Segment Start: EXERCISE INPUT

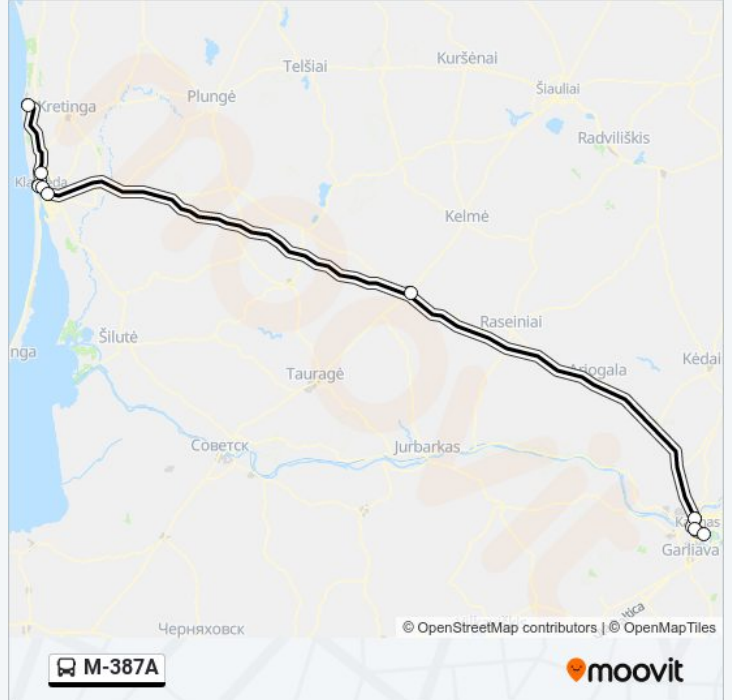

M-387A

Gauti Programėlę

M-387A autobusas maršrutas turi vieną kryptį. Reguliariomis darbo dienomis, darbo valandos yra:

(1) : 08:55 - 13:30

Naudokite Moovit App, kad rastumėte artimiausią M-387A autobusas stotelę netoliese ir kada atvyksta kitas M-387A autobusas.

Kryptis:

8 stotelė

[PERŽIŪRĖTI MARŠRUTO TVARKARAŠTĮ](#)

Palangos Autobusų Stotis

Miesto Ligoninė

Universiteto

Klaipėdos Autobusų Stotis

Kryžkalnio Autobusų Stotis

Šilainių Poliklinika

Kauno Pilis

Kauno Autobusų Stotis

M-387A autobusas grafikas

maršruto grafikas:

pirmadienis	08:55 - 13:30
antradienis	08:55 - 13:30
trečiadienis	08:55 - 13:30
ketvirtadienis	08:55 - 13:30
penktadienis	08:55 - 13:30
šeštadienis	08:55 - 13:30
sekmadienis	08:55 - 13:30

M-387A autobusas informacija

Kryptis:

Stotelės: 8

Kelionės trukmė: 200 min

Maršruto apžvalga:

M-387A autobusas tvarkaraščiai ir maršrutų žemėlapiai prieinami autonominiu režimu PDF formatu moovitapp.com svetainėje. Pasinaudokite Moovit App, kad pamatytumėte atvykimo laikus gyvai, traukinių ar metro tvarkaraščius, ir detales kryptių nurodymus visam viešajam transportui Vilnius mieste.
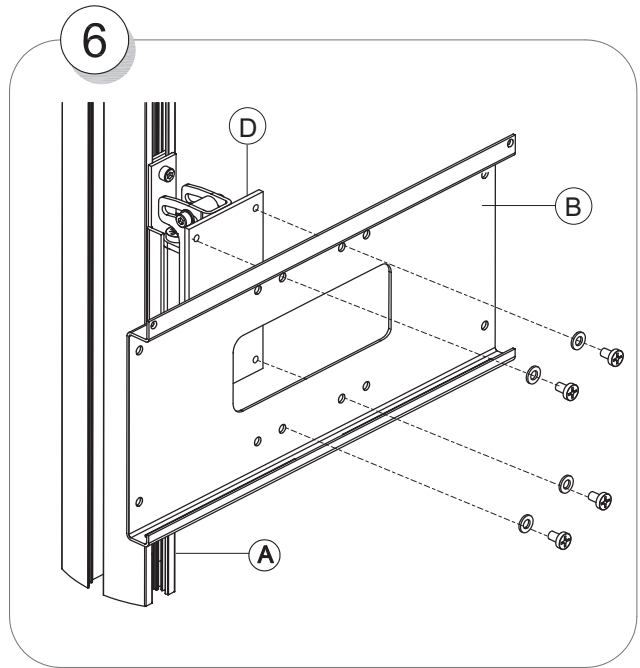

SMS FLATSCREEN CM ST

MANUAL

- GB – Instructions for Mounting
- DE – Montageinformation
- IT – Istruzioni per il montaggio
- ES – Instrucciones para el montaje
- FI – Asennusohjeet
- FR – Instructions de montage
- NL – Montagevoorschriften
- PL – Instrukcja montażu
- RUS – Инструкция по монтажу
- ARB – عربي - طريقة التركيب
- SE – Monteringsinstruktion
- GR – Πληροφορίες συναρμολόγησης

FS061021..061022..
061023..061024

Contents		
A	Aluminium Pillar (1x)	
B	SMS Middle Uniside (1x)	
C	Ceiling Plate (1x)	
D	Swivel / Tilt Bracket (1x)	
E	Plastic Cover (1x)	
F	Screw M5x16 (4x)	
G	Cables (Not included)	
H	Plastic cover over cables	
I	Allen Key (2x)	
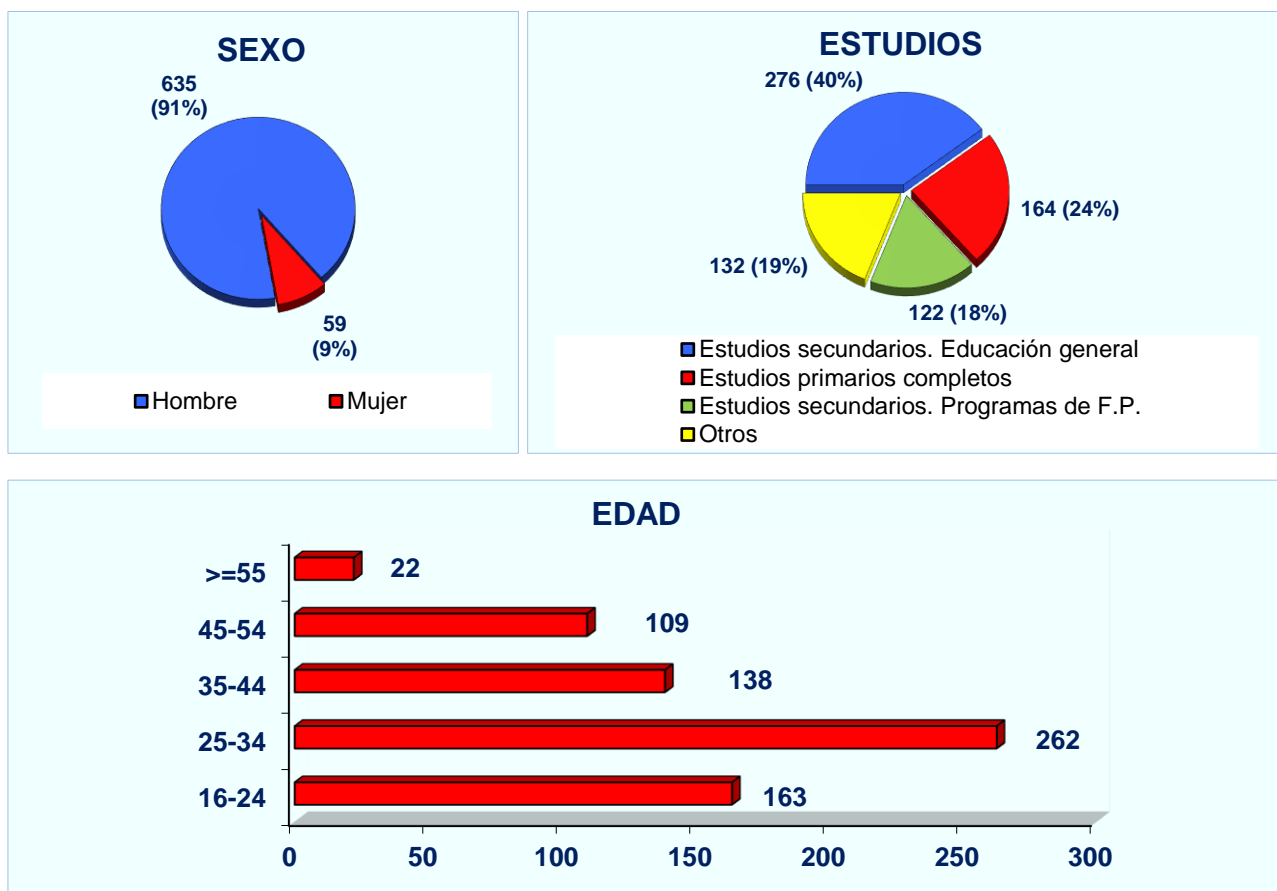

#### Demanda en 2017

Demandantes parados inscritos a 31 de diciembre de 2017	<b>703</b>
---	------------

Tendencia en los últimos años:

### ¿A quién se contrata?

Este es el perfil de las personas contratadas:
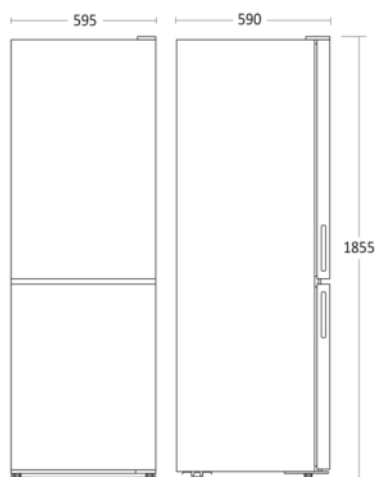

Fritstående køle-fryseskab

SKF 18560 W/1

Varenummer	010335453000SKF18560W1	Tarifkode	8418108099
EAN kode	5704704020252	Antal i 40HQ con.	72

Kort beskrivelse

Kølefryseskab på 211 liter køl, og 104 liter fryser med SmartFrost som begrænser rim i fryseren. Temperaturen i både fryse- og køleafdelingen indstilles elektronisk, hvilket giver den største nøjagtighed.

Fryseren er indrettet med 3 transparente fryseskuffer. Køleskabet har en stor grøntsagsskuffe med CrisperBox med fugtighedsregulering, som holder frugt og grønt frisk i længere tid.

I frysedelen kan glashylder udtages, og et stort frostrum kan dermed opnås. Døren er højrehængslet men kan vendes, hvilket gør det nemmere at placere skabet i rummet.

Dimensioner

Mål og vægt

Produktmål, HxBxD, mm	1855 x 595 x 590
Emballagemål, HxBxD, mm	1945 x 660 x 685
Total pakkevolumen m ³	0,879
Indvendige mål, HxBxD, mm	x x
Indbygningsmål, HxBxD, mm	x x
Nettovolumen køleskab, ltr.	211
Nettovolumen fryser, ltr.	104
Brutto- /nettovægt, kg	64 / 58
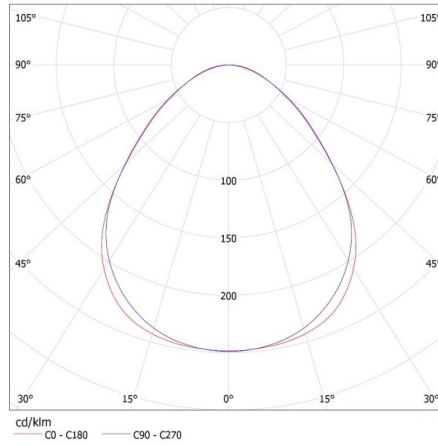

28451 AL 4LED 120-MPR-SR

Langfeldleuchte T8/LED

KANLUX S.A. (kat 28451) AL 4LED 120-MPR-SR + GLASSv2 / LDC (Polar)

Luminaire: KANLUX S.A. (kat 28451) AL 4LED 120-MPR-SR + GLASSv2
Lamps: 1 x T8 LED GLASSv2 18W-WW

Segment End: EXERCISE INPUT

§ **WHAT YOU SHOULD DO**: Out of the data above, set down the lines from the one with "Universiteto" to the one with "M-387A autobusas tvarkaraščiai", both included, exactly as written and with no additions.

§ **OUTPUT BELOW**:
Universiteto

Klaipėdos Autobusų Stotis

Kryžkalnio Autobusų Stotis

Šilainių Poliklinika

Kauno Pilis

Kauno Autobusų Stotis

M-387A autobusas grafikas

maršruto grafikas:

pirmadienis	08:55 - 13:30
antradienis	08:55 - 13:30
trečiadienis	08:55 - 13:30
ketvirtadienis	08:55 - 13:30
penktadienis	08:55 - 13:30
šeštadienis	08:55 - 13:30
sekmadienis	08:55 - 13:30

M-387A autobusas informacija

Kryptis:

Stotelės: 8

Kelionės trukmė: 200 min

Maršruto apžvalga:

M-387A autobusas tvarkaraščiai ir maršrutų žemėlapiai prieinami autonominiu režimu PDF formatu moovitapp.com svetainėje. Pasinaudokite Moovit App, kad pamatytumėte atvykimo laikus gyvai, traukinių ar metro tvarkaraščius, ir detales kryptių nurodymus visam viešajam transportui Vilnius mieste.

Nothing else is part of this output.